Second, if the file is a text file in one of the popular Unicode encodings like UTF-8 or ISO-8859-1, is there a way that this can be communicated to applications that work at a purely textual level such as text editors, text search engines and text transformers? This specification allows a text file to declare its encoding so that various text-level tools will know how to decode them from bytes to Unicode characters. This is a more realistic solution to the problem of recognizing various text encodings than mandating one world-wide or wrapping all text documents in XML tags.

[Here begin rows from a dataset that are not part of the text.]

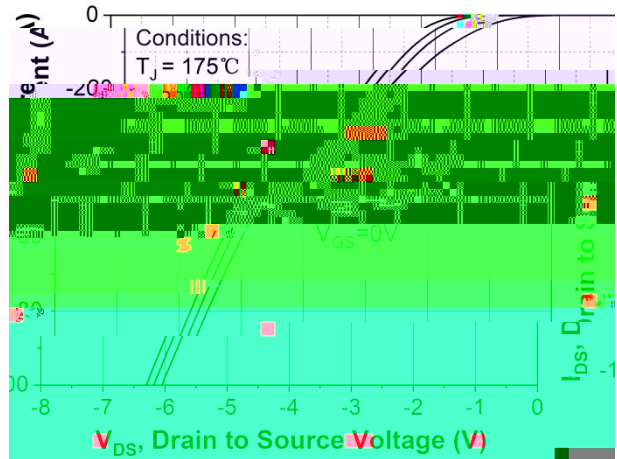

---

**WV**

SYMBOL	DIMENSIONS MILLIMETERS	
	MIN	MAX
A	2.20	2.40
b	0.70	0.90
b1	9.70	9.90
b2	0.42	0.50
c	0.40	0.60
D	10.28	10.58
D2	3.10	3.50
E	9.70	10.10
E1	7.90	8.30
e	1.20 BSC	
H	11.48	11.88
H1	6.75	7.15
N	8	
J	3.00	3.30
K1	3.98	4.38
L	1.40	1.80
L1	0.60	
$\theta$	4°	10°

Third, whether or not its file format is known to a particular application, is it possible for that application to read or write descriptive metadata from the file? For instance, it is entirely logical for a user's desktop to know who is the author of a file, or understand the copyright information about a file without fully undestanding the nature of the data. The current solution for this problem is the extended file system attribute. We have already discussed the problem with keeping the metadata separate from the data. In any case, there is no need to choose between in-file metadata and file system-based metadata. In-file metadata is best when data is intended to travel with the file. An authors name might be in-file metadata. File system-based metadata is best for data that only makes sense within the scope of a single system, such as the authors local username.
That said, there are performance reasons that it might be preferable on writing to use a separate block for metadata on large files. Perhaps future operating systems could magically keep metadata in a separate own block and yet present a single stream interface to applications for reading and transmitting over the network.
Because extended attributes are not widely supported and not sufficiently reliable when they are supported, most file formats have invented various ad hoc ways to handle metadata. Adobe has also proposed a generic solution to this problem called XMP. This proposal does not compete with XMP. In fact, it makes XMP metadata easier to find in the file.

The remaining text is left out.